Online Questions - Valid Practice To your 312-49v9 Exam (Updated 586 Questions)
Practice To 312-49v9 - Remarkable Practice On your ECCouncil Computer Hacking Forensic Investigator (V9) Exam
EC-COUNCIL 312-49v9 Exam Syllabus Topics:
| Topic | Details |
|---|---|
| Topic 1 |
|
| Topic 2 |
|
| Topic 3 |
|
| Topic 4 |
|
| Topic 5 |
|
| Topic 6 |
|
| Topic 7 |
|
| Topic 8 |
|
NEW QUESTION 252
What is a first sector ("sector zero") of a hard disk?
- A. Master boot record
- B. System boot record
- C. Hard disk boot record
- D. Secondary boot record
Answer: A
NEW QUESTION 253
Which wireless standard has bandwidth up to 54 Mbps and signals in a regulated frequency spectrum around 5 GHz?
- A. 802.11i
- B. 802.11b
- C. 802.11g
- D. 802.11a
Answer: D
NEW QUESTION 254
You are trying to locate Microsoft Outlook Web Access Default Portal using Google search on the Internet. What search string will you use to locate them?
- A. locate:"logon page"
- B. outlook:"search"
- C. intitle:"exchange server"
- D. allinurl:"exchange/logon.asp"
Answer: D
NEW QUESTION 255
What does the bytes 0x0B-0x53 represent in the boot sector of NTFS volume on Windows 2000?

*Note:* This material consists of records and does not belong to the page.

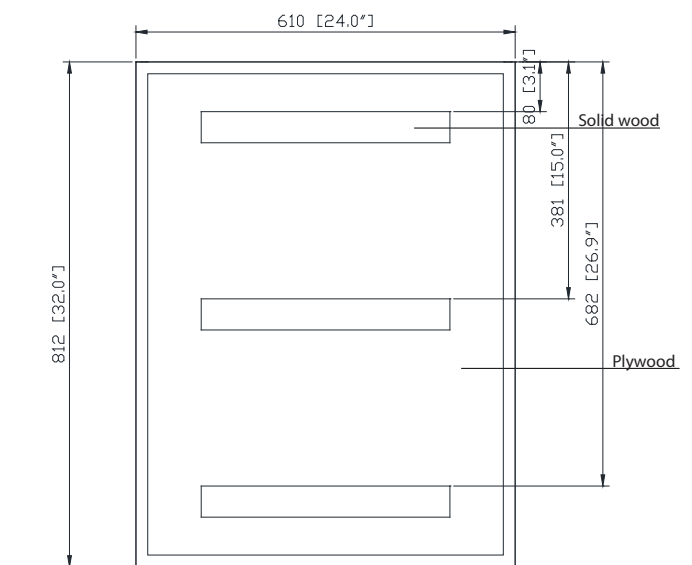

Features

- Durable poplar wood frame
- Beveled-edge mirror
- 1 soft-close door
- 3 glass shelves inside
- Mirror backing inside cabinet
- Mirror cabinet hangs vertically
- Wall cleat for easy hanging and leveling

Colors / Finishes

- Tobacco
- Light Espresso
- White

Nominal Dimension

- 24W x 5.1D x 32H (inches)

Related Items

Vanity	MADISON-TO	MADISON-LE	MADISON-WT
--------	------------	------------	------------

Product Diagrams

Front

Back

Side

Top

- A. Jump instruction and the OEM ID
- B. Bootstrap code and the end of the sector marker
- C. BIOS Parameter Block (BPB) and the extended BPB
- D. BIOS Parameter Block (BPB) and the OEM ID
Answer: C
NEW QUESTION 256
Gary, a computer technician, is facing allegations of abusing children online by befriending them and sending them illicit adult images from his office computer. What type of investigation does this case require?
- A. Administrative Investigation
- B. Civil Investigation
- C. Both Criminal and Administrative Investigation
- D. Criminal Investigation
Answer: D
NEW QUESTION 257
The following excerpt is taken from a honeypot log. The log captures activities across three days.
There are several intrusion attempts; however, a few are successful.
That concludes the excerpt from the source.